ADA Documentation

Revision as of 16:05, 23 December 2014 by Mdegraauw (talk | contribs) (Deploying an ADA App)

This chapter contains a walkthrough of ART DECOR Applications (ADA), for those who want to start building and deploying ADA apps. ADA apps are fully functional applications, generated from DECOR datasets, transactions and valueSets.

ADA is an ideal tool for:

  • rapid prototyping, to show care providers what the DECOR specs functionally mean;
  • iterative improvement of DECOR specs, where feedback on the ADA app is used to improve the DECOR specs;
  • creating realistic examples, since care providers themselves can provide those using ADA,
  • to make examples in a simplified XML format, to be used as the basis for conversion to HL7 or other formats.

ADA is not:

  • secure, so never use real patient data in ADA;
  • a complete application (i.e. there is no database with patient data from which to start, one tests only transactions);
  • a UI with the capabilities of a tailor-made interface - the focus is on functional completeness, not necessarily the optimal workflow for a real-life scenario.

Installing ADA

To get started with the examples, you'll need ADA Core checked out to a local directory. Either get it from SourceForge, or install the ADA package in eXist and copy that to disk.

Start with this layout:

 - ada
   - core (for ada/core)
   - projects
     - my-project (we'll use demo1 in this Guide)
       - definitions
       - modules
       - new
       - schemas
       - views
       - xslt

After downloading ADA, ada/projects/empty contains the layout to get you started.

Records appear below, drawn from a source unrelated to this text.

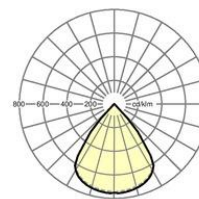

Referenz LED 3800lm 830  
 ηLB 100 %  
 Φ ↓/↑ 100 % / 0 %  
 UGR q/l 12.9 / 12.8

**MECHANIK**

Gehäusefarbe	verkehrsweiß RAL 9016
Abmessungen (LxBxH/DxH)	597mm x 597mm x 24mm
Tiefe	17mm
Deckensystem	Decken mit sichtbaren T-Schienen [s-TS] (600x600mm), ausgeschnittene Decken [AD]
Deckenausschnitt (LxB/D)	575mm x 575mm
Einbautiefe	100mm [AD]; 100mm [s-TS] min
Gewicht (netto)	4.2kg
Kabeleinführung KE (X/Y)	0mm/0mm
Montageart	Deckeneinbau-Einzelmontage, Einlegemontage, Deckenbau-Einzelmontage

**Maße**

L	597 mm	Länge
B	597 mm	Breite
H	24 mm	Höhe
T	17 mm	Tiefe
DA(L)	575 mm	Schnittmaß Länge
DA(B)	575 mm	Schnittmaß Breite
Ei(min)	100 mm	Deckenabstand minimal - Mindestmass (sichtbare T-Schiene)
Ei(AD)	100 mm	Deckenabstand minimal (ausgeschnittene Decke)
MLTS1	600 mm	Modulmaß Länge (sichtbare T-Schiene)
MLTS_1/2	600	Modulmaß Länge (sichtbare T-Schiene) 1/2
MBTS1	600 mm	Modulmaß Breite (sichtbare T-Schiene)
MBTS_1/2	600	Modulmaß Breite (sichtbare T-Schiene) 1/2
X	0 mm	Abstand Kabeleinführung zur Leuchtemitte (quer)
Y	0 mm	Abstand Kabeleinführung zur Leuchtemitte auf der Y-Achse (quer)

Note: For the time being, and only for a local installation (in the future, the ART DECOR installer will take care of this), ADA needs the following in Orbeon's page-flow.xml:

<?xml version="1.0" encoding="UTF-8"?>
<!-- ADA regex, {hostname}/art-decor/ada/{project-prefix}/views/{form.xhtml?query} , i.e.: http://localhost:8080/art-decor/ada/demo1/meting_formulier.xhtml?id=f44fa79d-6673-425f-af0a-e30feaca5401 -->
<page id="ada" path-info="/ada/([^/]*)/views/([^/]*)" matcher="oxf:perl5-matcher" view="http://localhost:8877/ada/projects/${1}/views/${2}"/>

And the following in properties-local.xml:

<?xml version="1.0" encoding="UTF-8"?>
<property as="xs:anyURI" name="ada.exist.url" value="http://localhost:8877/apps/ada"/>
<property as="xs:anyURI" name="ada.external.exist.url" value="http://localhost:8877/apps/ada"/>

ADA Applications

ADA starts with a DECOR release, as made in the ART project form. Make one (or refer to an existing one), and retrieve the URI to it through: http://localhost:8877/decor/services/ProjectIndex (Throughout this Guide, we'll use localhost:8877 for the host - use another if you don't run a local instance on port 8877). Search for your project, and get an URL like this one: http://localhost:8877/decor/services/RetrieveTransaction?id=2.16.840.1.113883.3.1937.99.62.3.4.2&language=en-US&version=2014-05-12T14:02:55&format=xml

With RetrieveTransaction, a decor/transaction is 'enhanced' with all the goodies the dataset and terminology provide. It is:

  • a decor transaction
  • with the tree view from the dataset
  • all concept adornments (names, valueDomains, you name it) from the dataset
  • for every valueDomain of type 'code', the relevant valueSet pulled in
  • and all this filtered for just one particular language so you don't need to worry about stuff you don't need to worry about.

ADA Definitions

Now make an ADA definition file in /projects/my-project/definitions and call it demoapp-ada.xml. Here's an overview of the structure.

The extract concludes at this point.